At Châteaudun, the young king Charles was confined in bed, trembling with chills and muscle cramps, sweating heavily, and hot to the touch. The regents sent for the finest doctors in the kingdom, then set to praying for the life of their lord (and the source of their power). On the 24th, the third day in Châteaudun, they were joined by an unwelcome figure: Louis, Duke of Orleans, Beaujeu and Bourbon’s rival for the regency and the heir to the throne.

Orleans claimed to have come to give homage to the king and pray for his recovery, but his timing was suspect. The duke’s position in Châteaudun would make him the first to know if the king perished, and to preempt the regents in any mad dash for Rheims. Beaujeu and Bourbon attempted to persuade Orleans to depart, but as Châteaudun was a property of Orleans’ lieutenant, François d’Orleans-Longueville, and the king was too incoherent to order him away, there was little they could do.

By 29 March, Charles seemed to have recovered, and received well-wishers--among them the regents and the Duke of Orleans. The king began to weaken that afternoon, however, and by midnight he was dead. Although Beaujeu attempted to suppress news of her brother’s death, word quickly spilled out--and with it, rumors of Orleans’ complicity. Still, with the king dead, there was a need for lawful succession, and as dawn broke on the 30th, Orleans massed the magnates present in Châteaudun to swear fealty to the new Louis XII, and to begin his journey to coronation at Rheims.
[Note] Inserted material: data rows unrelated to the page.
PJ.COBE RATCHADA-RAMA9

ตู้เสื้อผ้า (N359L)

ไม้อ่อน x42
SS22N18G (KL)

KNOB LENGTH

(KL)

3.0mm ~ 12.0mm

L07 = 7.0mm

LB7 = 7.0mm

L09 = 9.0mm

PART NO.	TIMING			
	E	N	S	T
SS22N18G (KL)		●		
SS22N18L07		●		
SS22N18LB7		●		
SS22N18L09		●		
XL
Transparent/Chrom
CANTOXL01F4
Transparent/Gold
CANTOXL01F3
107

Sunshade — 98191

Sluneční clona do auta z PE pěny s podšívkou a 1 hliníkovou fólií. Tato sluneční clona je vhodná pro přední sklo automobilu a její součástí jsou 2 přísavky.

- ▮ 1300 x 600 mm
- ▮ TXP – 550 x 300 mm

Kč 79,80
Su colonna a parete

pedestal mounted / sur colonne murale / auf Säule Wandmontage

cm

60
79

As the noblemen milled in the courtyard, a pair of knights--Jean de Menglon and Henri de Serres[1]--shoved through the crowd, falling upon Louis with daggers drawn. They were swiftly cut down, de Serres declaring Louis a regicide with his dying cry, but it was too late; the king had been stabbed a half-dozen times, and was bleeding heavily from his chest and stomach. As the courtyard descended into chaos, partisans of Louis and the regents slaughtering each other, the doctors that had waited on Charles now descended on the wounded king. Despite their ministrations, Louis grew weaker and weaker, and by about noon--as a vengeful Count Orleans-Longueville harried Beaujeu and Bourbon and their surviving retainers westward--the king was once more dead.
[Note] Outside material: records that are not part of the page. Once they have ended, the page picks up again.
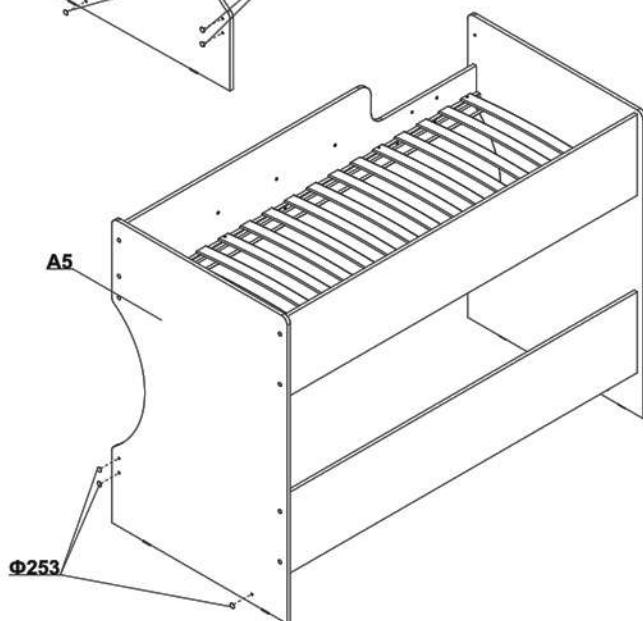

Сборка кровати

Перед началом сборки определитесь с местом расположения кровати для правильной установки переднего ограждения **A3**

1 Вариант

2 Вариант
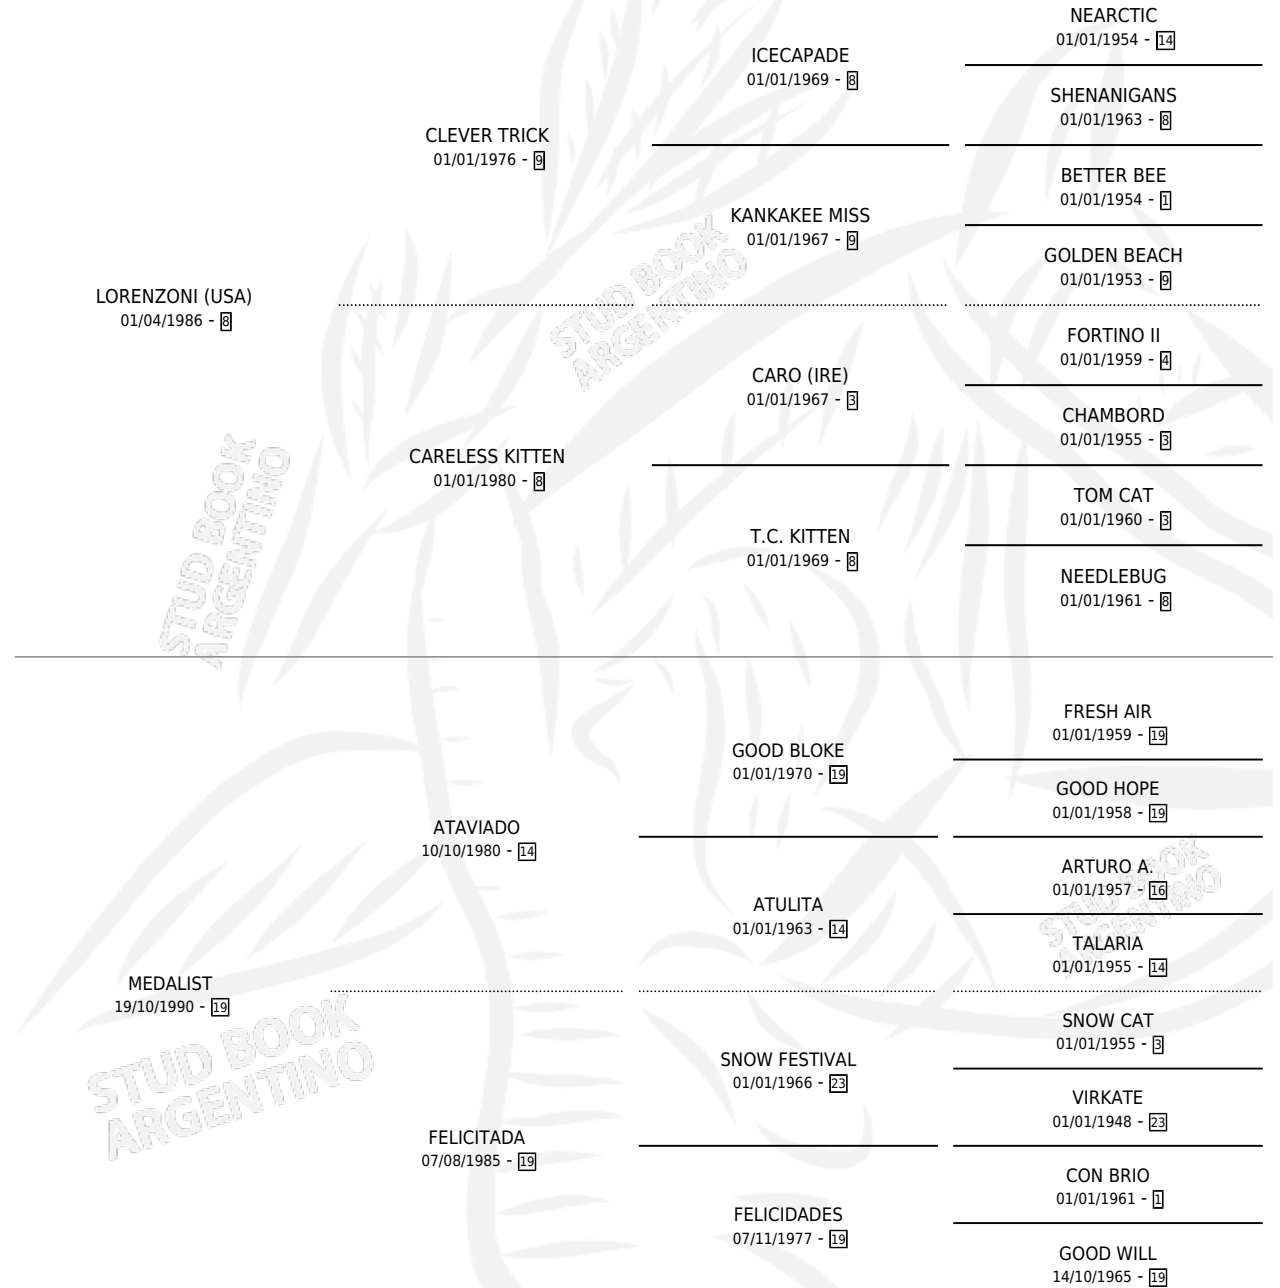

INDEFINIDA

por **LORENZONI (USA)** y **MEDALIST** por **ATAVIADO**

Argentina · Hembra · Zaino Doradillo · SP · 10/08/1995
Familia 19-c · Volumen 35

ESTADO

TIPIFICACIÓN SANGUÍNEA	✓
TIPIFICACIÓN POR ADN	✓
PASAPORTE	X
IDENTIFICACIÓN POR MICROCHIP	X
REPRODUCTOR	✓

Lugar de nacimiento: Las Camelias

Criador: Las Camelias

~

HIJOS

	MACHOS	HEMBRAS
4 NACIERON	3	1
3 CORRIERON	3	0
3 GANARON	3	0
0 GANADORES CL	0 GANADORES GR	0 GANADORES G1

PEDIGREE
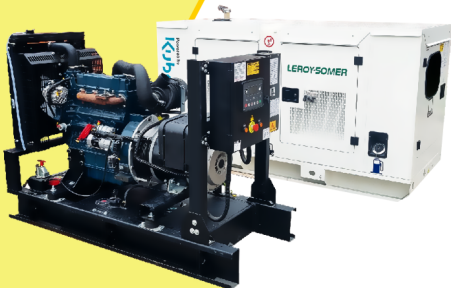

MaquiTools

Suministros para el Agro y la Construcción

PLANTA ELÉCTRICA CABINADA

110/220V Diesel 22Kva) 1.47 L/H

Y D Y 2 5 S 3

ORDER NOW **YORKING**

TRACTOR CORTACESPED

16 HP POTENCIA D T M 1 6 0 0

452 CILINDRADA

108 CM ANCHO DE CORTE

30-90 ALTURA DE CORTE

ORDER NOW **DUCATI**

TRANSPORTADOR ORUGA DE CARGA

9 HP POTENCIA T A G 5 0 0 H

270 CILINDRADA

500 KG CARGA

KT36

POWER MOTORS

PLANTA ELÉCTRICA DE 39.7 KVA A DIÉSEL KT36 ABIERTA POWER MOTORS

[Leer más](#)

SKU: KT36 Abierta

Price: \$ 54.121.200 Valor IVA □
(Incluido)

✓ Garantía de 1500 Horas o 12 Meses.

MaquiTools

Suministros para el Agro y la Construcción

Planta Eléctrica

KT36

**POWER
MOTORS**

PLANTA ELÉCTRICA DE 39.7 KVA A DIÉSEL KT36-C POWER MOTORS

[Leer más](#)

SKU: KT36-C

Price: \$ 60.225.900 Valor IVA □
(Incluido)
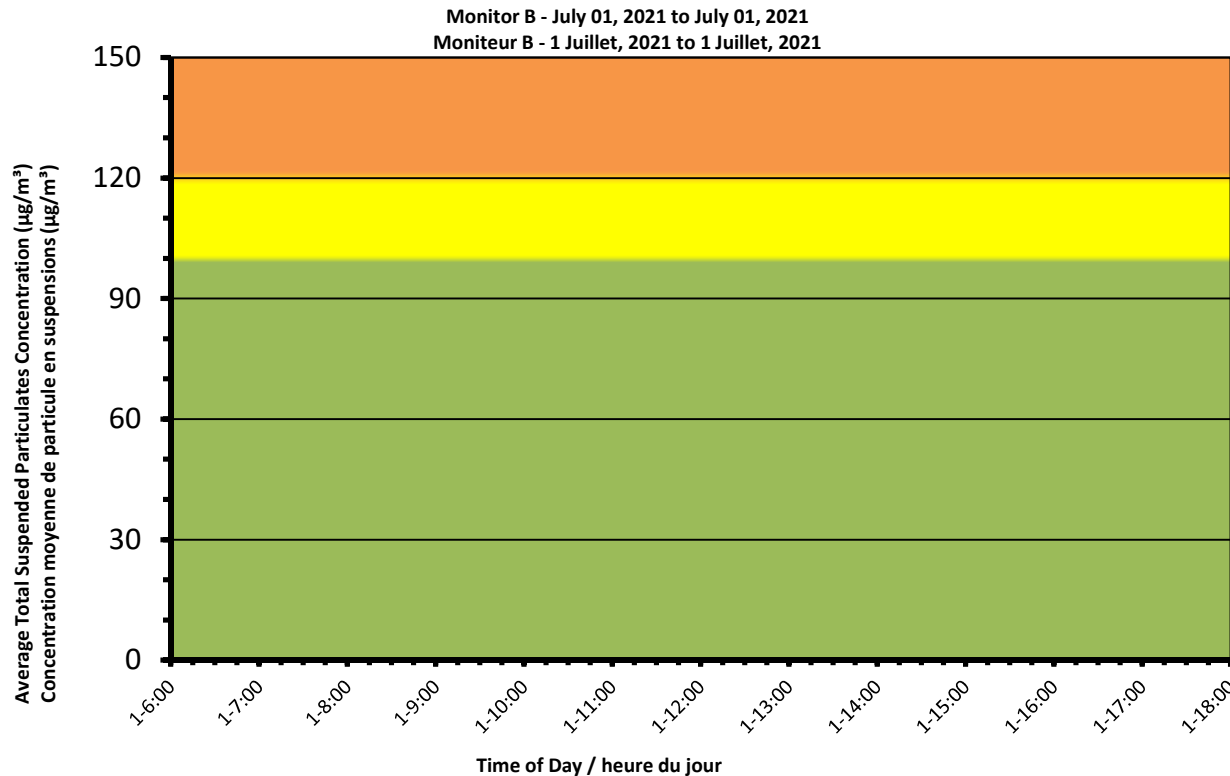

**Port Hope Project
Daily Dust Monitoring Data**

**Projet de Port Hope
Surveillance journalière des
particules en suspensions**

2021/07/01

Daily Statistics/Statistiques journalières

- Maximum Concentration ($\mu\text{g}/\text{m}^3$)
  Concentration maximale ($\mu\text{g}/\text{m}^3$)
- Average Concentration ($\mu\text{g}/\text{m}^3$)
  Concentration moyenne ($\mu\text{g}/\text{m}^3$)

Notes

No work – Canada Day.
Aucun travail – La fête du Canada
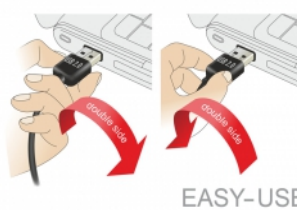

Delock Kabel EASY-USB 2.0 Typ-A samec pravoúhlý levý / pravý > USB 2.0 Typ Mini-B samec 1 m

Popis

Tento kabel od Delocku s EASY-USB samec může být připojen do portu USB-A samice oběma směry. Díky tomu lze port samce použít v obou polohách a dělá tak připojení kabelu snadné.

Systémové požadavky

- PC nebo notebook s volným USB Typ-A portem
- Zařízení s portem USB Typ Mini-B

Obsah balení

- Kabel

Příslušenství

EASY-USB

PCB with both
sided contacts

contacts

The sudden death of two kings, or at the very least a king and a prince of the blood, passed the Crown of France to an unlikely heir. Charles, Count of Angoulême, was the great-grandson of Charles V through his son, the Duke of Orleans, but at age twenty-five his personal accomplishments amounted to a string of bastards and a passion for illuminated manuscripts. Normally a profoundly lethargic man, the ‘double succession’ brought on a rare attack of common sense, and upon hearing the news Charles raced for Reims, riding dead several horses to claim the throne before any potential riders.
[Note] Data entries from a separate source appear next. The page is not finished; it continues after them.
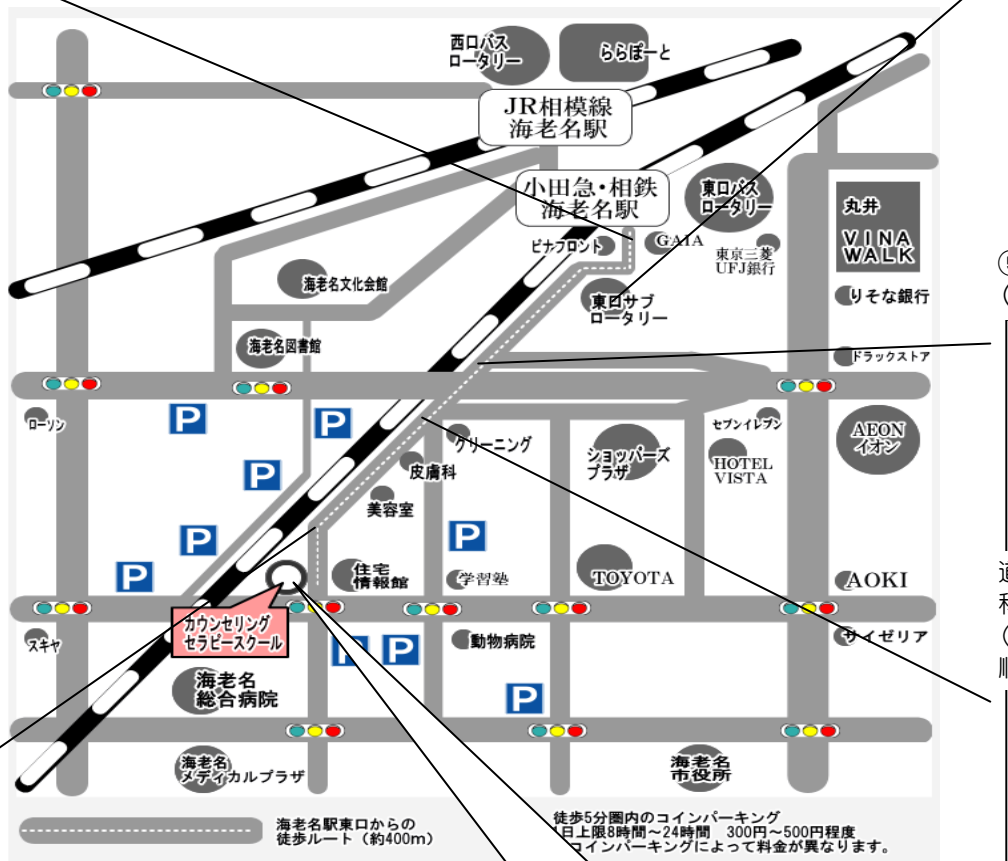

海老名校詳細MAP

カウンセリングセラピースクール (日本セラピストスクール・リラックスの森併設)
 住所 : 海老名市中央3-5-5三幸中央ビル 1F
 電話 : 046-244-6738
 最寄駅 : 小田急線・相鉄線・JR相模線海老名駅 徒歩5分 (JRからは徒歩6分)

【小田急線ご利用の方へ】

①中央改札口を出て
東口(ピナウォーク側)にお進み下さい。

②左側に進んですぐのエスカレーターで
1階のバスロータリーに出て下さい。

③パチンコGAIAさんと銀行の間の道を
進んで東口のサブロータリーにお進み下さい。

④東口サブロータリーに出ましたら
小田急線の線路沿いにお進み下さい。

⑤小田急線の線路沿いに直進して下さい。
(約400m)

道路の高架をくぐるとクリーニング屋さん、皮膚科、美容室さんを目印に 進んで下さい。
(駅方面からクリーニング⇒皮膚科⇒美容室の順にあります。)

⑥しばらく直進しますと左カーブに
なっていて交差点が見えてきます。

⑦4車線の通りに出ましたら交差点角の
7階建てのビルの1階です。

海老名駅東口からの
徒歩ルート (約400m)

徒歩5分圏内のコインパーキング
 日上限8時間~24時間 300円~500円程度
 コインパーキングによって料金が異なります。

Despite his speed, the succession was still a close-run thing, and had Anne of Beaujeu and the Duke of Bourbon--both personal enemies--not been besieged in Chartres by the Count of Orleans-Longueville, it is entirely possible that he may have been denied the crown. Nevertheless, as the coronation was completed on 10 April 1484, the crown rested upon the head of Charles of Angoulême, now Charles IX of France. That the bloodshed at Châteaudun had left the realm on the brink of war was of little concern to the new king; the vast stores of wine, women, and manuscripts that were laid bare to him were far more interesting.

Thus began one of the most colorful chapters of French history.

[1] Fictional; retainers of Charles VIII who believed Orleans had murdered their lord.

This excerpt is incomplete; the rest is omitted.